Stan is AKA Stan Lee Marvel Comics

True Story!
Sure,.... I'm in here all the time, I advertise here silly. Even before that, I did over a decade of the good Samaritan tour. Just keep in mind why I became an advertiser here. Please verify it.

It was to give free product away! The post was black holed because the advertisers were pissed.
See I wasn't making money I was just giving.

So guess what? Your rant isn't working.

You've been served. Smokem up! You need to chill out and make some more ground wire repairs.
http://www.youtube.com/watch?v=xk6Bp3gi_7s


----------



## vortexpert. (Sep 27, 2009)

jack there is 1 thing i need to know that is driving me crazy...
how do you only have a post count of 0.91 post a day when i come in to the vcsd forum and you post a billion times a day?


----------



## Novo1.8T (Nov 28, 2006)

Jack, sorry for calling you a liar, that was uncalled for and rude, I sincerely apologize.


Just to clarify what I meant by those cars being on there 3rd ECM:
-Vehicle lost throttle response, it's original ECM (#1) damaged by O2 sensor. Gets diagnosed, ECM (#2) installed and then gets damaged by rear O2. More diagnosis, ECM (#3) installed and then damaged by rear O2. No throttle response and same DTCs with all 3 ECMs


----------



## RichardSEL (Apr 5, 2010)

RichardSEL said:


> All very fascinating...
> 
> But it would be even more useful if there were a simple "how to" on adding the fuses to the O2 circuits.
> For a simpleton like me. You guys have convinced me. I want to do it
> ...


----------



## stan067 (Feb 25, 2010)

Richard if your O2 wire is fine and untouched there is no need.
Most of the time its damaged wires that causes this by bad installing of an exhaust.
Kid's with there kiddy exhaust not doing it right!

You modified your Vin so I don't know the year or car you have.
I have only seen this in 1.8 turbo motors and from your scan that’s not you.

Some one else will have to tell you if you need to do it but I think you are fine.

Good Luck


----------



## RichardSEL (Apr 5, 2010)

stan067 said:


> Richard if your O2 wire is fine and untouched there is no need.
> Most of the time its damaged wires that causes this by bad installing of an exhaust.
> Kid's with there kiddy exhaust not doing it right!
> 
> ...


Thanks for your reply Stan.

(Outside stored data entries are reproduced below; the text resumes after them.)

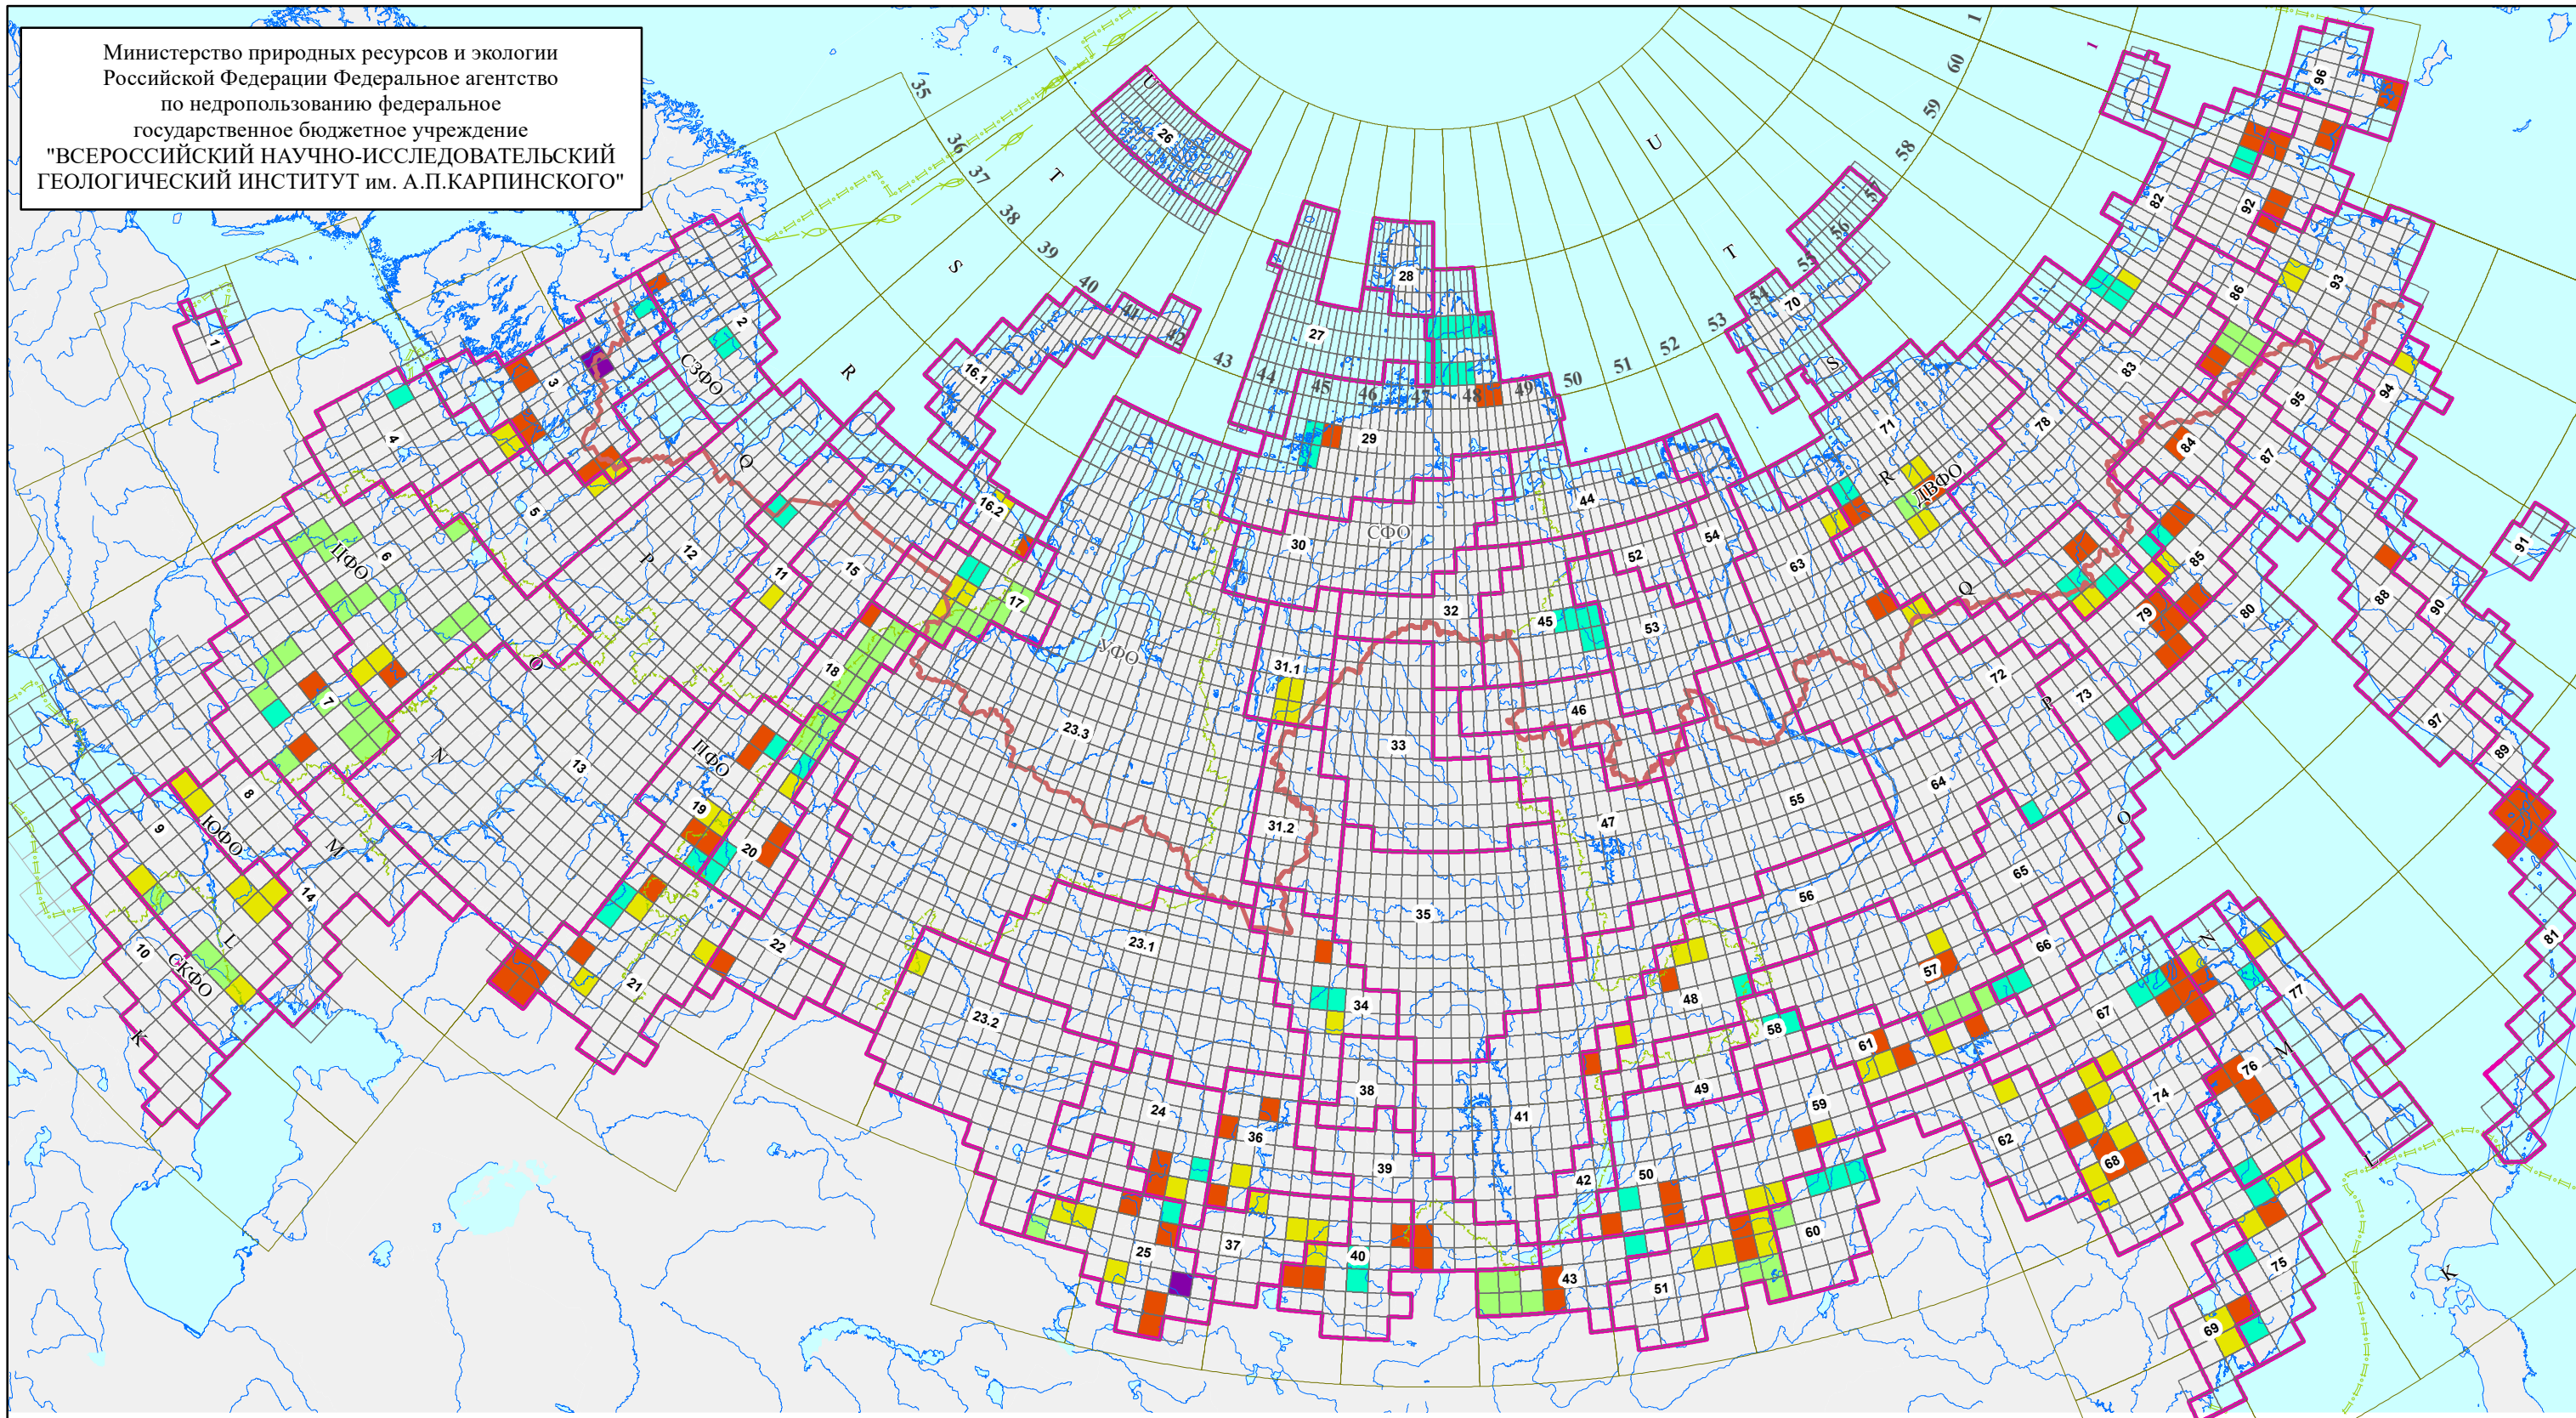

Карта подготовлена ФГБУ «Всероссийский научно-исследовательский геологический институт им. А.П. Карпинского»

Масштаб 1 : 20 500 000  
Условные обозначения

ГСК-2011. Проекция равнопромежуточная коническая. Осевой меридиан 100°

## ГИДРОГРАФИЯ:

- Океаны, моря, озера, водохранилища
- Речная сеть
- Береговая линия

I think you too posted a location, but me not being a vehicle techie
(I did ships' radio & radar) didn't quite understand where you meant. 
Havn't done a streight thru exhaust since I was a kiddie (Chevvy short block V8 x2, they did
sound good, "illegal" nowadays though ;-)
Mine's a '06 2L tFSI -- there's not much chance of VIN theft but took it out anyways realising the
possibility: WVWZZZ3CZ6E197007

Your reassurance is welcome!
RichardSEL


----------



## stan067 (Feb 25, 2010)

That was part of the argument.
Me and Jack said add fuse to the heater circuit for the O2.
Nova pointed out that it was power to the O2 heater and other stuff and that all the parts in the circuit were fused. And he was correct.

The O2 works best hot but takes a long time to get hot from the exhaust heat.
So they added an internal heater to the O2 to help heat it faster.
So two of the wires on a O2 sensor are for the heater circuit. 
On the 1.8 T motor power comes from the fuel pump relay so if the pump is running the O2 heater has power.
The ground to the heater is from the ECU to turn the heater on and off as needed.

Shorting the power wire to any other wires in the O2 can short anything connected to them. (The O2 wiring harness melting to the exhaust manifold because of bad install.)

That part of the argument was never settled in the post.
Now that you asked and all the infighting is done…I feel round 2 coming Ding! Ding! Who’s on the table next?

Go back read what Nova wrote he had a good point.

Again I am talking about a 1.8T not your car!
As I stated before I am not dealer trained or have the access to dealer stuff! 
I don’t know your car as well because they are just starting to come to me once they get older. It takes 5 to 6 years that’s new to me and I have to learn them. So I can’t advise you on your car.

Good Luck


----------



## [email protected] Parts (Nov 27, 2006)

GJP 05> have specific heater fuses dedicated.

98>2005 is the issue cars and some beetle >08


Cars early type are fused at the consumer side, yes, but...... because the track powers to many high load circuits, the fuse will never blow for the throttle driver short from OXS heater.

The true best way is to additionally fuse it with a proper spec fuse to pop when needed saving the ECU. When I do it, I add a relay like the old ones had. This worked very well in A3's


----------



## elRey (May 15, 2001)

I'm with Novo. Fix (if soldered correctly) has no chance of runaway throttle. ME7.5 has way too many plausibility checks. 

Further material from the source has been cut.